11th July: We decided the previous day that as the mountain was about to become more crowded again, some nice easy road based birding was in order so we had arranged with Pak Subandi to hire his vehicle and driver to take us off to the Tapan Road (cost C Rp500000 per day). We left pre dawn so we could start birding at dawn on the road. We stayed overnight in the highly recommended Hotel Aroma, Sungai Penuh.
12th July: All morning birding on the Tapan Road until the temperature increased and bird activity died off. We then returned to Mount Doom for more “character building” birding.
13th July: A whole fun filled day of action packed, bird filled rambling on Mount Doom. Spirits very low in the group by the end of the day!!
14th July: Enough is enough. With the urge to live fading fast we decided to leave Kerinci and head back to Java. Pak Subandi’s vehicle was chartered again to drop us off in Padang where we took an Air Asia flight to Jakarta. Booking on the net is definitely cheaper than paying on the day with Air Asia. We stayed the night in the Ibis Tamarin hotel Jakarta.
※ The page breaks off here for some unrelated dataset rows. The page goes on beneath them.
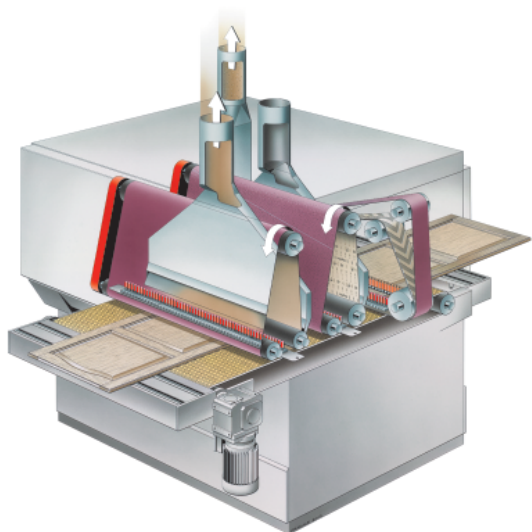

1729 sialac –

sviluppato per la levigatura intermedia professionale di vernice

Nastri abrasivi per superfici perfette

Con la nuova generazione di nastri abrasivi TopTec, sia Abrasives pone una nuova pietra miliare nello sviluppo di nastri abrasivi ottimizzati per le applicazioni, con grandi benefici per i clienti.

La combinazione fra cosparsione controllata, nastri in perfetta sintonia con impiego e supporto di abrasivi e le caratteristiche antistatiche basate su processi innovativi, assicura un'eccellente abrasione e la migliore qualità delle superfici.

Costruzione

Grana: carburo di silicio
Cosparsione: elettrostatica chiusa
Legante: resina sintetica
Supporto: carta f
Copertura speciale: stearato
Granulometria: P220 - P800

Caratteristiche

Stabilità: forte
Durata: molto lunga
Intasamento: scarso
Finitura: molto buona

Cosparsione controllata

Gli impianti di cosparsione sia High-Tech garantiscono:

- ✓ Quantità di grana ottimizzate
- ✓ Perfetta adesione della grana
- ✓ Posizionamento uniforme grana
- ✓ Qualità superficiale testata a norma FEPA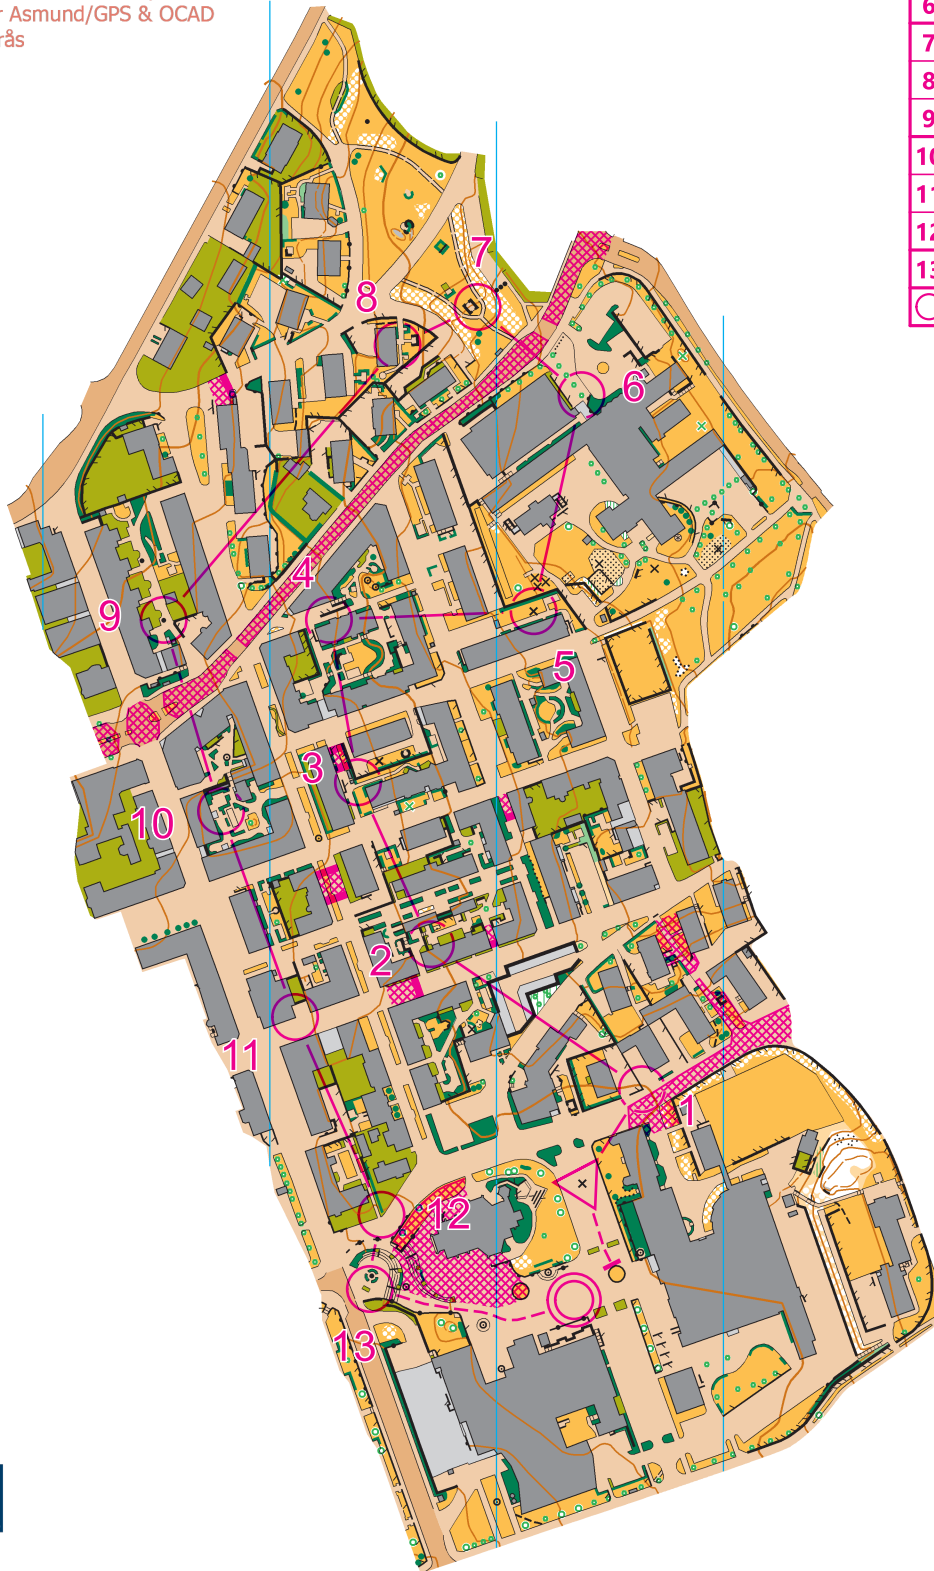

ORIENTEERING WORLD CUP

May 26-29 2022
SWEDEN

BORÅS

Knock-Out Sprint				
Men B				
M	SF	B	2,0 km	20 m
			40 m	→△
▷		×		
1	111	↗		▷
2	115		⊗	└
3	108	×		○
4	102	↘	⊙	○
5	105	×		○
6	112	■		^
7	116	⊗		<
8	104	◇		○
9	110	▲	1,0	○
10	106	▨		└
11	118	■		└
12	117	⊗		∨
13	250	⊗		└
			110 m	→○

ORIENTEERING WORLD CUP

May 26-29 2022
SWEDEN

BORÅS

Knock-Out Sprint				
Men C				
M	SF	C	2,0 km	20 m
			40 m	→△
▷		×		
1	111	↗		▷
2	115		☒	└
3	101	☒		└
4	114	☒		└
5	105	×		○
6	112	■		^
7	116	☒		<
8	104	◇		○
9	110	▲	1,0	○
10	106	▨		└
11	118	■		└
12	117	☒		∨
13	250	☒		└
			110 m	→○

BORÅS STAD

KNOCK-OUT SPRINT

SEMI-FINALS

28 MAY 2022

LUGNET, BORÅS

SCALE: 1:4 000 CONTOURS: 2M

Map maker: Maths Carlsson
Base material: Borås Stad, basemap/LIDAR
Software: PcMapper Asmund/GPS & OCAD
Copyright: OWC Borås
Print: KARTSAM

ORIENTEERING WORLD CUP

May 26-29 2022
SWEDEN

BORÅS

Knock-Out Sprint				
Women A				
W	SF	A	1,9 km	20 m
----- 40 m ----->△				
▷		×		
1	111	↗		>
2	115	↑↑	⊗	└
3	113	↑	◇	└
4	109	←	■	└
5	105	×		○
6	103	↘	△	⊗
7	107	■		>
8	104	◇		○
9	110	▲	1,0	○
10	106	▨		└
11	118	■		└
12	117	⊗		>
13	250	⊗		└
○----- 110 m ----->⊗

15th July: Charted a taxi to take us to Cibodas (Rp400000). Three hours later due to terrible traffic we arrived in Cibodas and booked into the excellent Freddie’s Homestay. Again, this is THE place to stay in Cibodas, friendly, cheap, spotlessly clean and there is a birder’s logbook too, and the Gado Gado is to die for!! Also Freddie’s eldest son Indrah is a razor sharp bird guide. If he is not available, younger brother Eddie can fill in, but Indrah should be your number 1 choice if you are hiring a guide here. We spent the afternoon birding in the fields around Cibodas and the evening birding with Indrah successfully looking for the mysterious Scop’s Owls that Cibodas is world famous for.
16th July: All day birding with Indrah on the main path up to Gunung Gede.
17th July: Morning and early afternoon birding with Indrah in the beautiful Cibodas Botanical Gardens and on the golf course. After we had finished birding, Indrah’s friend dropped us off in central Jakarta for Rp550000. Again, we stayed overnight in Ibis Tamarin Jakarta.
18th July: The previous day in Jakarta we had painfully arranged to hire an 8 seater minibus and driver for 5 days to take us to Way Kambas and Carita, and then finally drop us at the airport on afternoon of 22nd. Cost of this was Rp850000 per day (inc fuel and drivers living costs, but not including ferry fares and road tolls). We hired this from one of the travel agents on the main backpacker road Jalan Jaksa. Shop around and get some offers, our 3 offers varied from Rp850000 to Rp1200000 per day at the three places we visited. There were 5 of us for the visit to Way Kambas, which meant we had to hire a larger and more expensive vehicle. I think we could have got a jeep for around Rp600000 per day but that would have been amazingly uncomfortable for 5!! For accommodation at Way Kambas we had booked ourselves into the lodge 500metres outside the main park gate some weeks earlier, visit their website at http://www.sumatraelephantlodge.com/
Accommodation here is fantastic, very nice rooms and excellent food. Much better than the good old days of staying in the bungalows at Way Kanan!! However, nowadays there is also a nice looking guesthouse in the clearing at Way Kanan. I don’t know if it is still possible to stay in the bungalows in the park, taking in your own food and water etc as I did last time. Also, it is now no longer possible to go birding on your own in the park, unless you deliberately sneak around that is. It is COMPULSORY for individuals and groups to be accompanied by an armed national park ranger. This, of course, costs money, Rp50000 per ranger, per visit. The rangers however are excellent. They understand birders and follow you quietly at a discrete distance. We also found birding to be best at the Way Kanan end of the entrance track and this is where the trail is too, but with having our own vehicle, access into the park with the lodge’s guide, also compulsory was very easy.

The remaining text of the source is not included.